In complete harmony with the concerns expressed by the Supreme Court in Earls and Ferguson, the Legislature enacted Government Code section 68511.3 in 1979. This statute provides specific terms and conditions under which an individual might be eligible to proceed in forma pauperis.[4] (3) Under this statute, petitioner, a recipient of AFDC and food stamps, was clearly entitled to have her application to proceed in forma pauperis granted.

Let a peremptory writ of mandate issue commanding respondent court to vacate its order of November 5, 1982, in Los Angeles County Superior Court case number SEC 38161, entitled Nellie G. Flores, etc., et al. v. Kory Haglund, denying petitioner's application to proceed in forma pauperis, and thereafter make a new and different order granting said application.

NOTES

[*] Before Spencer, P.J., Hanson (Thaxton), J., and Dalsimer, J.

[1] The application for waiver of court fees and costs form signed by petitioner does not require that a welfare recipient provide detailed financial information. This form was drafted and approved by the Judicial Council. (Rule 982.)

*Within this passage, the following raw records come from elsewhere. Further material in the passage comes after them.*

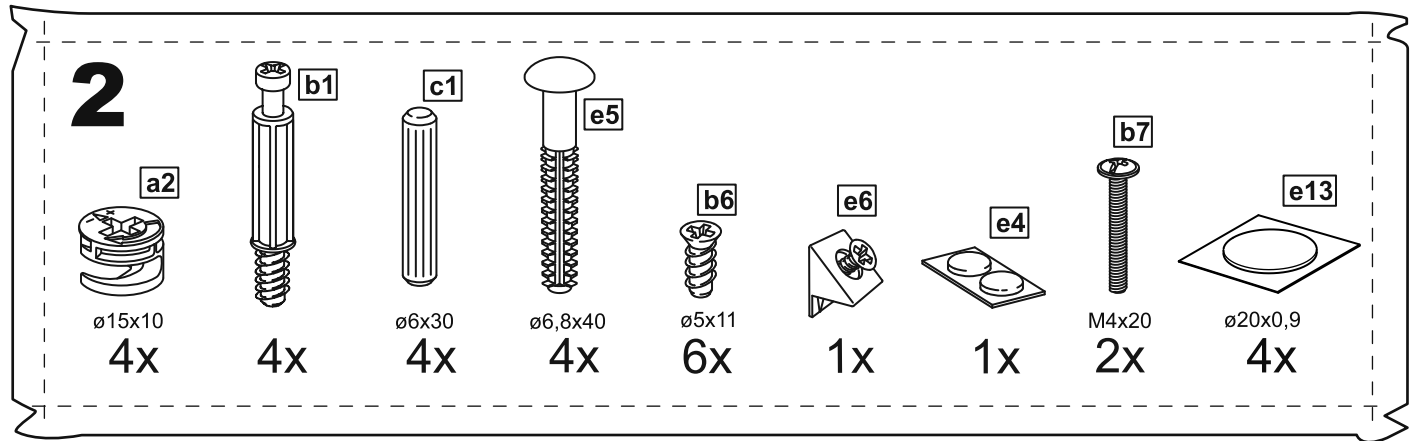

СИРИУС

шкаф комбинированный
3 двери и 1 ящик

№ поз.	Наименование	Кол-во	Габаритные размеры, мм
1	боковая стенка левая	1	1884×482×16
2	боковая стенка правая	1	1884×482×16
3	перегородка правая	1	1810,5×477,5×16
4	дверь короткая левая	1	1525×387×16
5	дверь короткая правая	1	1525×387×16
6	дверь с зеркалом	1	1816×387×16
7	крышка	1	1171×502×16
8	дно	1	1137×476,5×16
9	полка	1	373×476,5×16
10	полка съемная	2	372×476,5×16
11	полка	1	748×476,5×16
12	цоколь	2	1137×57×16
13	фасад ящика	1	777×285×16
14	боковая стенка ящика левая	1	385×206×12
15	боковая стенка ящика правая	1	385×206×12
16	задняя стенка ящика	1	705×206×12
17	дно ящика	1	710×374×3
18	задняя стенка (двойная)	1	1835×768×2,5
19	задняя стенка	1	1835×390×2,5
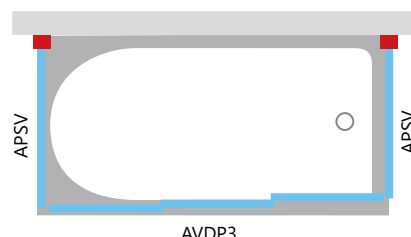

AVDP3

APSV

APSV

APSV + AVDP3 + APSV, kaina nuo 72 + 205 + 72 Eur

Tipas	Standartinis gaminio dydis, mm	Gaminio dydis, mm		
		Su 1 praplėtimo profiliu	Su 2 praplėtimo profiliais	Su 4 praplėtimo profiliais (po 2 kiekviename šone, kai montuojamos tik durys)
AVDP3-120	1170-1210	1190-1230	1210-1250	1250-1290
AVDP3-150	1470-1510	1490-1530	1510-1550	1550-1590
AVDP3-160	1570-1610	1590-1630	1610-1650	1650-1690
AVDP3-170	1670-1710	1690-1730	1690-1750	1750-1790
AVDP3-180	1770-1810	1790-1830	1810-1850	1850-1890
APSV-70	670-705	690-725	710-745	
APSV-75	720-755	740-775	760-795	x
APSV-80	770-805	790-825	810-845	

AVDP3 vonios durys + APSV stacionari sienelė

Naudodami AVDP3 stumdomas vonios duris ir APSV stacionarią sienelę sukuriate nelaidžią vandeniui dušo kabiną. Kairijį arba dešinįjį atidarymą galite pasirinkti apvertę gaminį 180° kampu.

■ - praplėtimo profilių vieta. Praplėtimo profilius galima montuoti tik prie sienos!
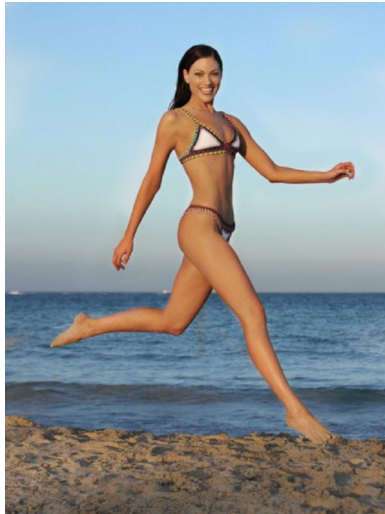

MUSE

MIKAELA BLUMBERG

Height : 5'11" / 180 cm | Bust : 34" / 86 cm | Waist : 24" / 61 cm | Hips : 35" / 89 cm | Shoe : 39.5 EU / 6.0 UK | Hair Colour : Brown | Eyes : Green

MUSE

MIKAELA BLUMBERG

Height : 5'11" / 180 cm | Bust : 34" / 86 cm | Waist : 24" / 61 cm | Hips : 35" / 89 cm | Shoe : 39.5 EU / 6.0 UK | Hair Colour : Brown | Eyes : Green
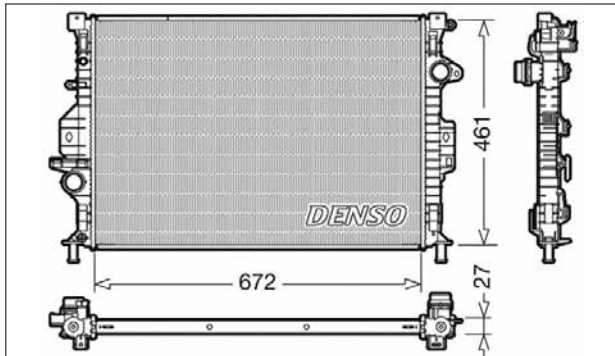

DRM10069

FORD Galaxi / Mondeo IV - LAND ROVER Freelander - VOLVO V70 / S80
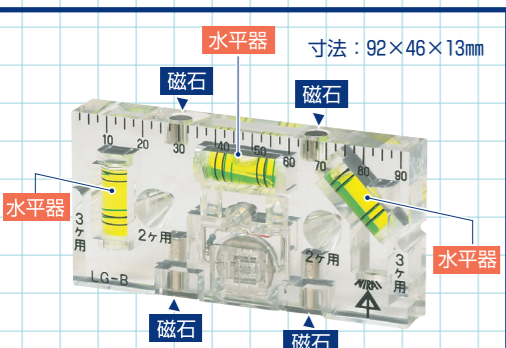

# ピタレベ® (粘着式水平器)

- 横引き配管の水平測定及び排水管の勾配測定に使用します。
- 繰り返しの使用が可能な粘着ゲルにより、樹脂管でもピタッと取り付けられます。
- 粘着力が弱まった場合は、水洗いやウエットティッシュで清掃すれば粘着力が復活します。
- 気泡管は6本ラインですので、勾配1/100、1/50を測定できます。

※本体は配管の上部に設置してください。側面や下部に取り付けると外れやすくなります。

## 着脱可能な水平器付き

水平器底面には粘着固定が出来る固定ゲルシートが付いており、簡易的な水平器として使用できます。  
※固定ゲルシートは、汚れても水洗いすることで、何度でも粘着力が復活します。  
水平器の裏には蓄光テープが貼り付けてあり、暗所でも見やすくなっています。

●様々なけ書きに対応できるマルチけ書きゲージです。

## 1~3個用ボックスのけ書きができます!

- このゲージで描けるけ書き線
- 1個用ボックス(51×95mm)
  - 2個用ボックス(97×95mm)
  - 3個用ボックス(143×95mm)
  - ダルマ穴の上下センター出し ※2個用3個用も同時に可能です。
  - 丸塗代(φ70)用け書き穴

品番	適合	入数	希望小売価格(税別)
KG-SB1	弊社スライドボックス ※センター磁石探知式のみに対応	1	5,300

# ボックスレベルゲージ (LED付)

- LEDライト付なので、暗い場所でもレベル出し、け書きができます。
- レベルゲージはLEDライト部と分離できます。
- 小判穴ホルソー用パネルボックス等の穴あけセンターのけ書きもできます。
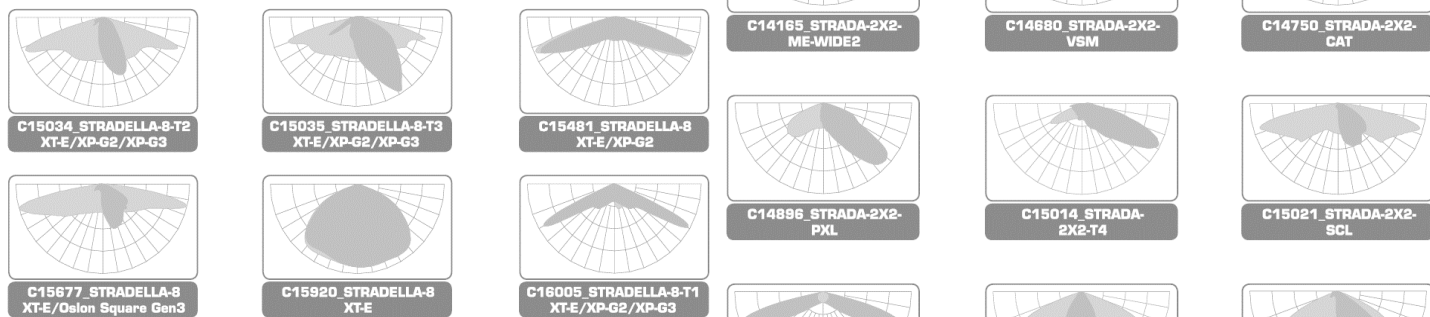

אפשרויות פוטומטריות

● Luminous Intensity Distribution Diagram

The Elux series LED street light luminaire come with a robust optic compartment design, enable many different options of LED chipset and optic lens modules, which will help customers to always cope with the latest development of efficiency of led by using different type of led package, from 3030, 3535 to 5050.

Option 1: with 3535 LED package, basically the Elux could offer 6 standard light distribution curves as following

[2] Section 68511.3 of the Government Code provides, in pertinent part: "Not later than January 1, 1981, the Judicial Council shall formulate and adopt uniform forms and rules of court for litigants proceeding in forma pauperis. Such rules shall provide... (5) that permission to proceed in forma pauperis be granted (a) to litigants who declare under penalty of perjury that they are receiving benefits pursuant to the Supplemental Security Income (SSI) and State Supplemental Payments (SSP) programs..., the Aid to Families With Dependent Children (AFDC) program..., the Food Stamp program ... or Section 17000 of the Welfare and Institutions Code...." (Italics added).

On January 1, 1981, the Judicial Council adopted court rule 985, which complies with the mandates of the Government Code. Under rule 985(b): "[t]he [in forma pauperis] application ... shall be granted and payment of court fees and costs listed in subdivision (i) shall be waived if the applicant meets the standards of eligibility established by subdivision 5(a) ... of Government Code section 68511.3." (Italics added.)

[3] Petitioner's counsel paid the filing fee.

[4] Government Code section 68511.3 was amended on September 21, 1982 (Sen. Bill No. 1564). Significantly, the new legislation does not require that a welfare recipient disclose his or her monthly expenses.